Although Anarky had originally been created to reflect the philosophy of anarchism, the primary influence on both volumes was Neo-Tech, a philosophy developed by Frank R. Wallace. The comic was overtly political in nature, exploring a number of themes including antimilitarism, homelessness, and political corruption.

==Publication history==

===Anarky===
Following the comic book industry crash of 1996, Norm Breyfogle was unemployed and looking for work. As a result of a request Breyfogle made to DC for employment, Darren Vincenzo, then an editorial assistant at DC Comics, suggested multiple projects which Breyfogle could take part in. Among his suggestions was an Anarky limited series, written by Grant, which was eventually the project decided upon.

The four-issue limited series, Anarky, was published in May 1997. Entitled "Metamorphosis", the story maintained the character's anti-authoritarian sentiments, but was instead based on the philosophy of Neo-Tech, an offshoot of Objectivism.

During the climax of the "Anarky" storyline of Batman: Shadow of the Bat #41-42, it is implied that Anarky dies in a large explosion.

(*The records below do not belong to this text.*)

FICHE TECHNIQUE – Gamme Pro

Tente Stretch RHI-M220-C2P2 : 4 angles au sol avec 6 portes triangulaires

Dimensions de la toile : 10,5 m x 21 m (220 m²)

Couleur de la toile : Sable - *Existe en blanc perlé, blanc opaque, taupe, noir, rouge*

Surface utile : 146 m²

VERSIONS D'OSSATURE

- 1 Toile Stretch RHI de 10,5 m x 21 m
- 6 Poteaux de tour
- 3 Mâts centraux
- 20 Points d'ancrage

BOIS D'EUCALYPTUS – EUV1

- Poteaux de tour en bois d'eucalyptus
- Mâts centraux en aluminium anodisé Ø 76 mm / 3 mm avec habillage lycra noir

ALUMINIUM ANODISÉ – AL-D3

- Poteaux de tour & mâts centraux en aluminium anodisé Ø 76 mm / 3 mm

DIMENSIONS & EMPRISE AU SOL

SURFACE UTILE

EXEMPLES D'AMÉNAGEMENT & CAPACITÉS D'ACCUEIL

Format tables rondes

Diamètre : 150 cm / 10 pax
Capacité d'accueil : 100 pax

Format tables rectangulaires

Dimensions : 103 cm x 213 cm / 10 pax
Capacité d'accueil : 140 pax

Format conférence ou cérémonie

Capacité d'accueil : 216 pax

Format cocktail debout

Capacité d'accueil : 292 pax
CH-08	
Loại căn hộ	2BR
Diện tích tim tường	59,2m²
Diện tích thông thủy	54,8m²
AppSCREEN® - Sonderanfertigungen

In turn, the Anarky limited series resolved this event by revealing that Anarky survives, but chooses to shed the encumbrance of his double life by faking his death. Anarky works in seclusion to further his goal of achieving a utopian society, briefly hiring Legs and other homeless men to monitor Batman's movements. He has several further brushes with Batman, as well as the likes of Etrigan the Demon and Darkseid.

Grant has referred to the limited series as one of his favorite projects, and ranked it among his "career highlights".

===Anarky (vol. 2)===
With the success of the first Anarky miniseries, Darren Vincenzo suggested continuing the book as an ongoing series to Breyfogle and Grant. Although Grant was concerned that such a series would not be viable, he agreed to write it at Breyfogle's insistence, as the illustrator was still struggling for employment. Grant's primary concerns centered on his belief that Anarky's role as a non-superpowered teenager was not capable of competing for reader attention when DC Comics already had a similar series in Robin. Further, while potential disagreements with editors over story elements were not among his initial concerns, he eventually found himself constantly at odds with editors and editorial assistants throughout the creation of the series.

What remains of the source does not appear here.